ChainMap — Layered Lookups
ChainMap groups multiple dictionaries into a single view. Lookups search each dictionary in order. This is perfect for layered configuration.
from collections import ChainMap
defaults = {"theme": "light", "language": "en", "page_size": 25}
user_prefs = {"theme": "dark"}
cli_args = {"page_size": 50}
config = ChainMap(cli_args, user_prefs, defaults)
print(config["theme"]) # "dark" (from user_prefs)
print(config["page_size"]) # 50 (from cli_args)
print(config["language"]) # "en" (from defaults)
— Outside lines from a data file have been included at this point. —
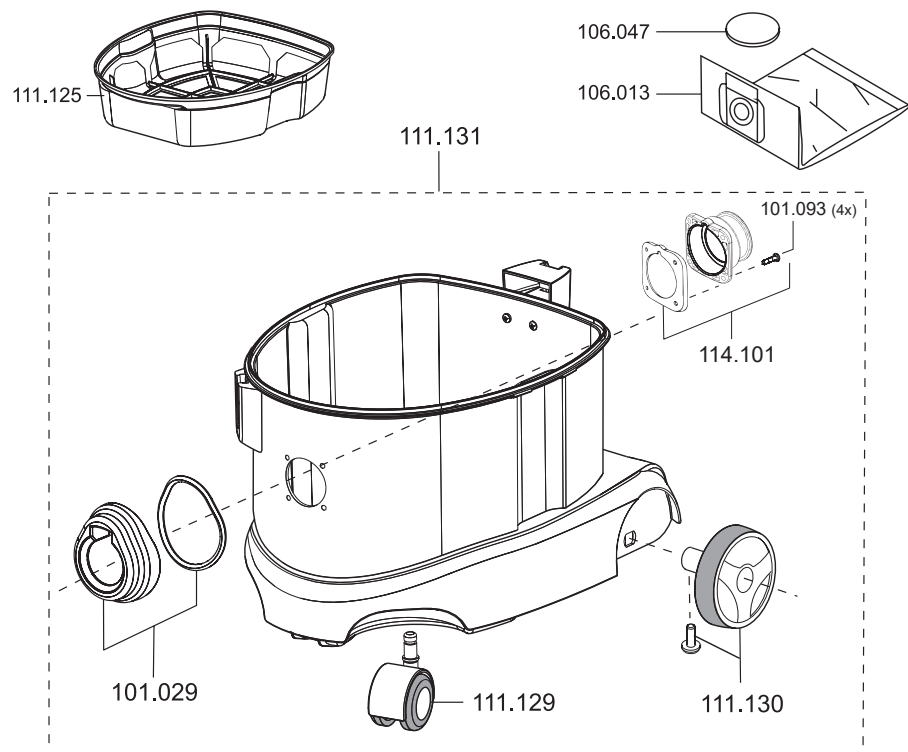

MAXIMUS pro

N° article Description

Pièces de rechange pour aspirateur à sec Maximus pro

106016	Interrupteur électrique
106018	Arceau de blocage
109012	Ressort pour bouton
109016	Sous-groupe clapet prise
109018	Boîtier d'interrupteur
109050	Set régulation de puissance
109077	boîte automatique
109079	Plaque multiprise
111101	Jeu de vis
111102	Couvercle interrupteur
111103	Bouton
111104	Capot
111105	Vis M4x16
111109	Palier moteur, bas
111111	Prise pour appareils froids
111112	Interrupteur automatique
111113	Mousse d'isolation
111115	Joint D6,5x940mm
111116	Jeu de câble avec condensateur 0.1uF
111117	Décharge de traction
111120	Vis M5x23
111121	Fixation connecteur mâle
111122	Prise câble électrique
111123	écrou carré
111310	Câble électrique enfichable de 10 m, rouge
111132	Cassette de filtre EPA12
111145	Boîtier prise
111165	Capot à l'intérieur
111166	Palier moteur, haut
111167	Plateau de base
111168	Jeu de cordons prise, bouton
111306	Jeu de cordons (individuel)
111200	Tête du moteur
111315	Moteur à souffleur
112103	Kit crochet du câble

MAXIMUS pro

N° article Description

Pièces de rechange pour aspirateur à sec Maximus pro

101023	Suceur pour fentes Maximus
101029	Boîtier d'accouplement avec joint
101093	Vis boîte d'accouplement
106013	Sac-filtre en feutre T11 (10 pièces)
106025	Tuyau d'aspiration 2,5 m
106028	Embout pour surfaces capitonnées
106031	Manchon de raccordement pour poignée
106032	Manchon de tuyau
106033	Poignée avec manchon de raccordement
106035	raccordement et manchon 106032
106047	Filtre de protection du moteur
106063	Clip pour Tuyau d'aspiration 106035
111125	Panier à filtre
111129	Roues orientables
111130	Roue en caoutchouc
111131	Réservoir Maximus, complet
111133	Tube télescopique en acier inox.
111319	Embout combiné 280 mm
114101	Bride pour sac-filtre en feutre

Writes only affect the first mapping, so defaults remain untouched:
config["language"] = "fr"
print(cli_args) # {"page_size": 50, "language": "fr"}
print(defaults) # {"theme": "light", "language": "en", "page_size": 25}
Key Takeaways
The collections module gives you purpose-built containers for patterns that are awkward with basic types. Use defaultdict to avoid key-existence checks, Counter for counting and ranking, deque for queues and sliding windows, namedtuple for lightweight immutable records, and ChainMap for layered dictionary lookups. Reaching for these tools instead of writing custom logic makes your code shorter, faster, and easier to read.